Falling for him was like

February 11, 2017

The last month saw me being helpless, lost, and confused. A gradual transition that happened to an unsuspecting victim: me. It's 3:42am. I'm lying in bed, avoiding messages and wondering how the hell did I get myself in another sticky situation. I'm not deliberately making anyone worry, but there's nothing I can say that wouldn't give my show away.

I spent my last teenage years demolishing my depressed personality and establishing a spirited, zealous and determined self. Soon, the world came to know me as a feisty young lady, a tiny girl who remains unfazed by the massive number of unknowns this tremendous world could bring. And I'm too damn proud to admit otherwise.

Adamant and purposeful, I never wasted a single second in achieving my goals, never failed in getting what I wanted, and also... I never saw this coming. Of course the gentle change didn't escape my eagle eye. I was obsessed with being in charge of my life, and at once I knew this uncertainty didn't belong. It's not like the territory was unprecedented — I have stepped in, and out — but the mystery was redundant.

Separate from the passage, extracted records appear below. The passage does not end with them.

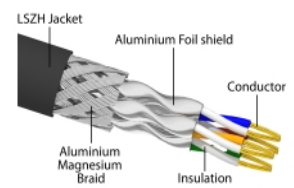

Delock RJ45 mrežni kabel Cat.6A S/FTP sa setom sigurnosnih kopči 2 m crni

Opis

Ovaj RJ45 kabel tvrtke Delock može se koristiti za povezivanje raznih mrežnih uređaja.

Sa sigurnosnim kopčama u boji

Set uključuje sigurnosne kopče u boji, koje se mogu koristiti za označavanje i pričvršćivanje kabela. Kvačica se može lako pričvrstiti na zaštitni dio RJ45 utikača na kabelu.

S ključem za zaključavanje

RJ45 utikač može se zaključati u RJ45 utičnicu, npr. na priključnim kutijama ili na pločama i prekidačima u ormaru s prekidačima, kako bi se kabel zaštitio od neovlaštene uporabe. Za otvaranje brave potreban je priloženi ključ.

Predmet br. 80256

EAN: 4043619802562

Zemlja podrijetla: China

Pakiranje: Plastična vrećica sa zip zatvaračem

Tehnički podaci

- Priključak:
 - 1 x RJ45 muški
 - 1 x RJ45 muški
- 1:1 spojeno
- Cat.6A tehnički podaci
- Sa sigurnosnim kopčama
- Oklopljen (S/FTP)
- Presjek kabela: 26 AWG
- Promjer kabela: oko 6 mm
- Materijal plašta kabela: LSZH
- Boja: crno
- Duljina: oko 2 m

Preduvjeti sustava

- Jedan slobodan RJ45 ženski

Sadržaj pakiranja

- Patch kabel
- 1 x tipke
- 10 x sigurnosnih kopči

Slike

General

Tehnički podaci:	Cat. 6A
------------------	---------

Interface

"Give yourself a break," my heart screamed. That bastard. I was overconfident, on the brink of arrogance. I thought I was insusceptible to this impracticality known as feelings. I let the exhilaration rule my clumsy mind, and I forgot to watch my step. Then it happened.

I fell.

Ironically, it happened at 3:42am as well. Battling insomnia, I jumped in bed, doing my daily routine of recalling the day's activities. Except I paused three seconds too long at a specific memory.

His smile.

I knew when I lay in bed thinking of him. Just basking in the radiance of his smile, then breaking into one myself. I knew then that I wanted to be the reason for his smile. It started being impossible to fall asleep. It was impossible to fall at all until he came along.

Falling for him wasn't like falling at all.

Falling for him was like finally stepping into Taoyuan International Airport again after six months. It's not where I belong, but the sense of familiarity was far too overwhelming for me to ignore.

Falling for him was like walking into the airport of my home country after my longest trip away. Even though my blanket of security was never entirely lifted, I relaxed and felt safe again.

Falling for him was like seeing the words plastered across Singapore's automated immigration clearance: "Welcome home, Pek Yi Tsing."

Falling for him was like realising that I was in a dark tunnel, not a deep hole.